Personalized Narrative

Personalisation is perhaps the most rapidly engaged communication device that narrates our everyday urban routines without our acknowledgement. Algorithmic personalisation is ‘a process of gathering, storing, and analyzing information’ (Venugopal, 2009) by recommendation systems. It is a response to the discrepancies between the amount of data these actors can process at a given point in time. Theoretically, machines can process an infinite amount of data; whereas humans often perform reduction in order to reason. The public, as a form of collective intelligence in our democratic epoch, reach consensus depending on how many is being exposed to which content at what time. Thus, algorithmic personalisation is a communication strategy that translates between these actors by recommending the ‘right’ content, to the ‘right’ person, at the ‘right’ time.

400 hours of video are uploaded to youtube every minute and 1 billion hours of video are watched every day. In order to optimise content suggestion in youtube, google’s deep-learning research team produced the largest scale and most sophisticated industrial recommendation systems in existence. Algorithmic personalisation of content is present in most online platforms and impression-based advertising mechanisms like Google Ads. Users’ search engine history, viewing data and banking statements are all taken into account in recommended content. For example, Netflix takes user interactions like title ratings, viewing data which includes time of day and length of content watched as well as categorizing users into global communities with similar tastes and preferences. Amazon’s recommendation engine uses a similar nearest neighbor algorithm which generates 35% its revenue. Platform analytics show a range of possible content curations for the user through ai personalisation. How might cinematic content be algorithmically planned and personalised for the user in the context of Current?

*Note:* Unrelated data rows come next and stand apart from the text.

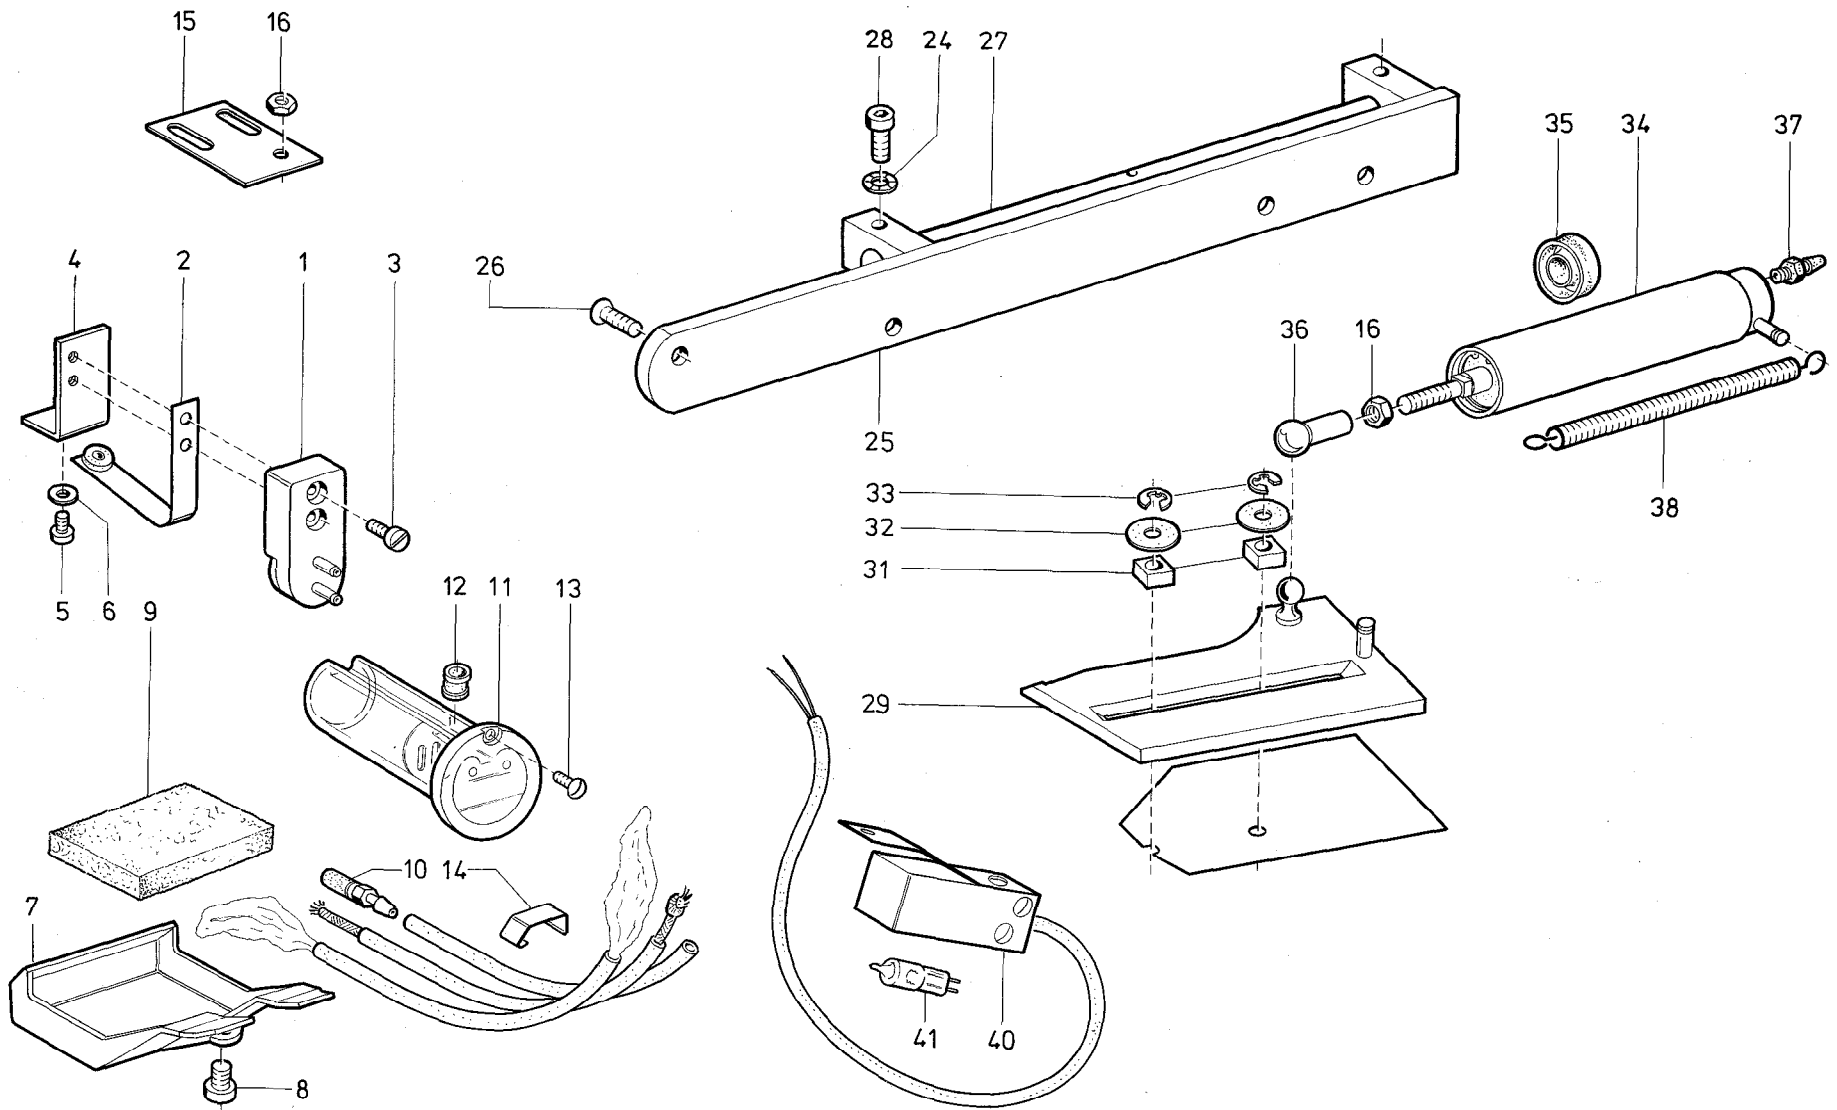

Pos. Det.	Teile Nr. Part No.	Benennung	Denomination
		DÜRKOPP 933-31	DÜRKOPP 933-31
1	93375463	Pumpe kpl. (mit Pos. 2, 3, 4)	Pump cpl. (with pos. 2, 3, 4)
2	93375464	Blattfeder	Leaf spring
3	216573	Zyl.-Schraube	Cyl. head screw
4	93375468	Winkel	Angle
5	223676	Zyl.-Schraube	Cyl. head screw
6	531460	Scheibe	Washer
7	9392461	Ölkasten	Oil case
8	711444	Zyl.-Schraube	Cyl. head screw
9	9392464	Filtzteil	Felt
10	9331564	Filter	Filter
11	9331533	Ölbehälter	Oil box
12	211806	Stopfen	Plug
13	10019130	Linsenschraube	Fillister head screw
14	9331575	Klammer	Clamp
15	9331572	Lasche	Shackle
16	MG 43/808	6kt.-Mutter	Hexagonal nut
25	93379513	Lasche	Shackle
26	2412222	Senkschraube	Countersunk screw
27	93379518	Bolzen	Bolt
28	93311296	Zyl.-Schraube	Cyl. head screw
29	93379903	Anschlag	Limit stop
30	93379908	Gleitblech	Sliding plate
31	265270	Gleitstein	Sliding stone
32	244401	Scheibe	Washer
33	211100a	Sicher.-Scheibe	Lock washer
34	93379916	Zylinder kpl. (mit Pos. 35)	Cylinder cpl. (with pos. 35)
35	7426431	Lippenring	Lip seal
36	211616	Kugelpfanne	Ball socket
37	7972016	Schl.-Tülle	Hose nozzle
38	5562029b	Zugfeder	Draw spring
39	93341241	Hülse	Sleeve
40	798789004	Greiferraumleuchte	Looper space lighting

Pos. Det.	Teile Nr. Part No.	Benennung	Denomination
41	798280201	Halogenlampe	Halogen lamp

Pos. Det.	Teile Nr. Part No.	Benennung	Denomination

The personalised framework of Current includes GAN content of livestreams within a volumetric context, producing personalised movie narrative for each individual agent. To do this, Current expands on the traditional cinematic static camera to include a range of virtual POVs – motion tracking, walking, cars, drones, animals and physically impossible CG cameras. Current anticipates that the algorithmic curation of content will be linked to not only to databases of your online experience, but also realtime navigation through gaze tracking and biometric inputs. For example, detection of a user’s gaze duration in a specific environment allows the system to prioritize and optimise similar content for them in the future. Why would you need to pay for a ticket to the movie theater if your personalized current is curated based on previous data from your own embodied experiences?

While NETFLIX keeps us awake at night, a total personalisation will give us enough sleep by composing and condensing our favourite narratives in a single viewing unit. In the near future, we will have tailored cinema without us even realising, every movie will have a narrative personalised according to our individual taste. Sensors will not be limited to our click counts and how long we have lingered at each posts, but biometric inputs that shows how fast our heart bumps, the pressure of our fingertips against the screens, movements of eyeballs, etc.. The questions remains: will personalisation allow us more social freedom by providing us with more options and views, or will it make our individual world more monotonic and reinforces our existing believes, leading to a more segregated society?